Keep in mind that this is just a template, and you would likely have more stuff on your StatefulSet, like istio annotations, extra environment variables, etc:
apiVersion: apps/v1
kind: StatefulSet
metadata:
namespace: my-namespace
name: my-app
labels:
app: my-app
spec:
serviceName: my-app-cluster
replicas: 3
selector:
matchLabels:
app: my-app
template:
metadata:
labels:
app: my-app
spec:
containers:
- name: my-app
image: <your app image>
env:
- name: POD_NAME
valueFrom:
fieldRef:
fieldPath: metadata.name
- name: NAMESPACE
valueFrom:
fieldRef:
fieldPath: metadata.namespace
- name: SERVICE_NAME
value: my-app-cluster
- name: AKKA_REMOTE_ARTERY_CANONICAL_HOSTNAME
value: "$(POD_NAME).$(SERVICE_NAME).$(NAMESPACE).svc.cluster.local"
ports:
- name: management
containerPort: 8558
- name: remoting
containerPort: 2552NB: Notice that serviceName value is the same as the name of the Service that we created: my-app-cluster.
Environment variables POD_NAME, NAMESPACE, SERVICE_NAME and AKKA_REMOTE_ARTERY_CANONICAL_HOSTNAME are used for proper Akka Bootstrap and Akka Remote configuration.
We need to ensure, that:
- Every node can correctly detect out other nodes' URLs.
- Nodes can talk to each other successfully.
This is done by using Akka Management library, and specifically Akka Cluster Bootstrap.
To configure Akka Management to listen on port 8558 and detect other cluster members via the service that we just created, you'd need to add something like this to your application.conf:
management {
http {
bind-hostname = 0.0.0.0
bind-port = 8558
}
cluster.bootstrap {
contact-point-discovery {
service-name = ${?SERVICE_NAME}
service-namespace = ${?NAMESPACE}
port-name = management
discovery-method = akka-dns
}
}
}This is the minimal configuration that tells cluster bootstrap to use SERVICE_NAME service in NAMESPACE namespace for nodes discovery with akka-dns discovery method and use its management port to reach other nodes.
There are some other configuration fields that you can find in Cluster Bootstrap documentation if you want to fine-tune it. But this is good enough for a start.
This is done via Akka Remoting, and in our example we use Artery over TCP, which is the default choice.
You would need something like this to make it work:
remote.artery {
bind.hostname = 0.0.0.0
bind.port = 2552
canonical.hostname = ${?AKKA_REMOTE_ARTERY_CANONICAL_HOSTNAME}
canonical.port = 2552
}This Canonical hostname thing is this pod's URL that we mentioned in the K8s part. It is used to advertise to other pods, how they should reach this pod, i.e. that's this pod's external URL. See Canonical address for more information.
Binding to 0.0.0.0 ensures that your pod will be listening on canonical.hostname and will be able to process incoming requests. Maybe duplicated port information is redundant, but just to be on the safe side I left it as is.
It is a bit misleading that Akka Management doesn't mention here that it supports akka-dns directly, through bootstrap configuration. But it does.

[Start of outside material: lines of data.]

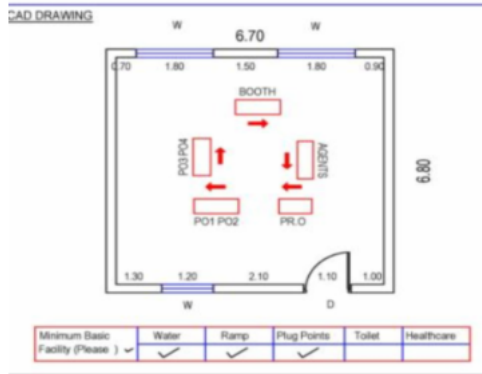

Nazri Naksha

Google Map View

Polling Station Building Front View

Polling Station Front View

Cad View

Key MAP View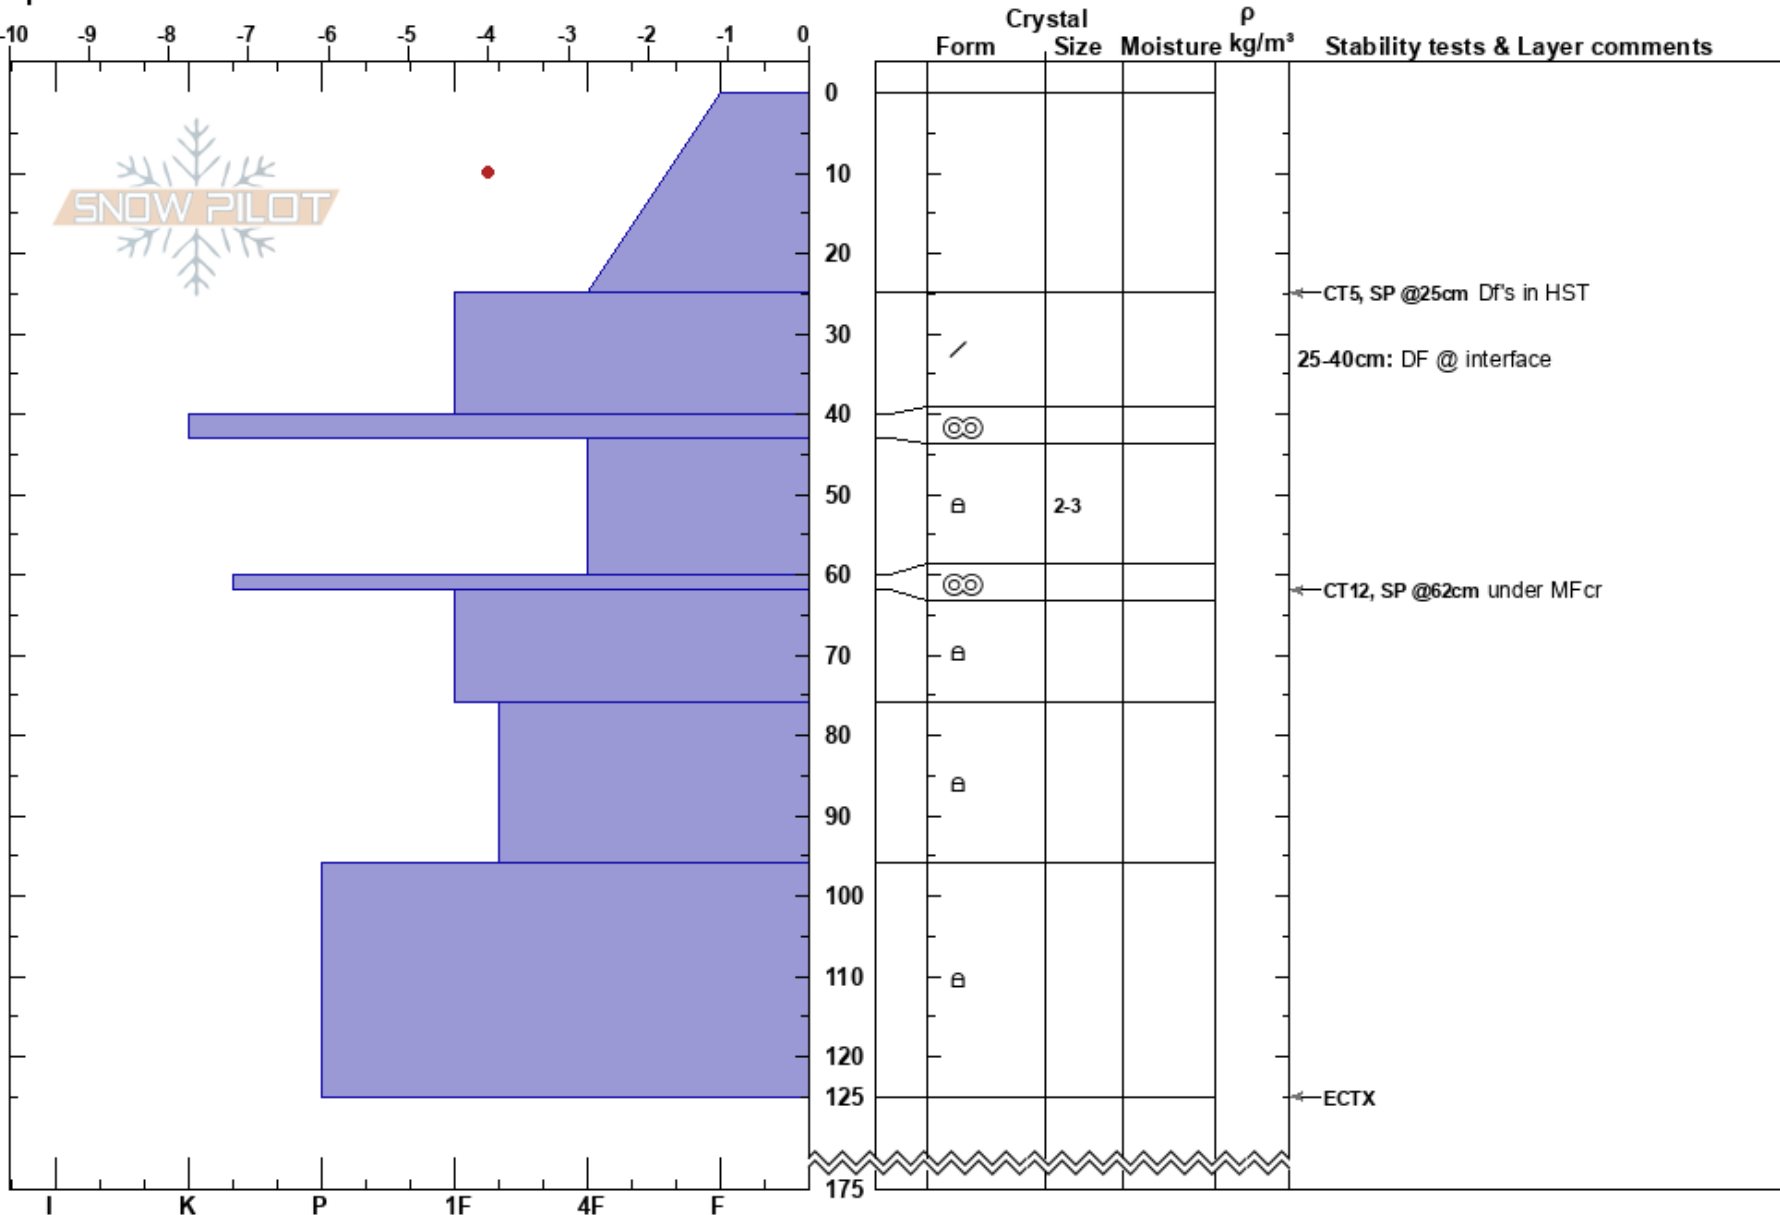

20240312 Skys theLimit
 Skeena
 BC
 Elevation: 1620 m
 Aspect: SE
 Specifics:

Michaela Pye
 12/03/2024 - 09:30
 Co-ord: 55.49520N, -127.26953E
 Slope Angle: 30°
 Wind Loading:

Stability:
 Air Temperature: -3.1°C
 Sky Cover: BKN
 Precipitation: NO
 Wind: SW Light Breeze

HS:175

Layer Notes:

PF:45 25-40cm: DF @ interface

Sky Cover: BKN

Precipitation: NO

Wind: SW Light Breeze

Notes:

If you add this when you initialise your application:
AkkaManagement(as).start()
ClusterBootstrap(as).start()and you have all necessary libraries installed (see Akka Management and Akka Remoting documentation above), then when your pods are starting up, they should be able to see each other and establish a cluster.
This doesn't fully cover the whole topic of running an Akka Cluster on K8s and possible issues that you could encounter.
There is a chance that this would not work because my cluster was different to yours or configuration changed since the days when this was written down. Though I believe, it should be helpful overall to figure out what to do if you suddenly realise that istio doesn't allow you to use kubernetes-api, and you don't know what to try next.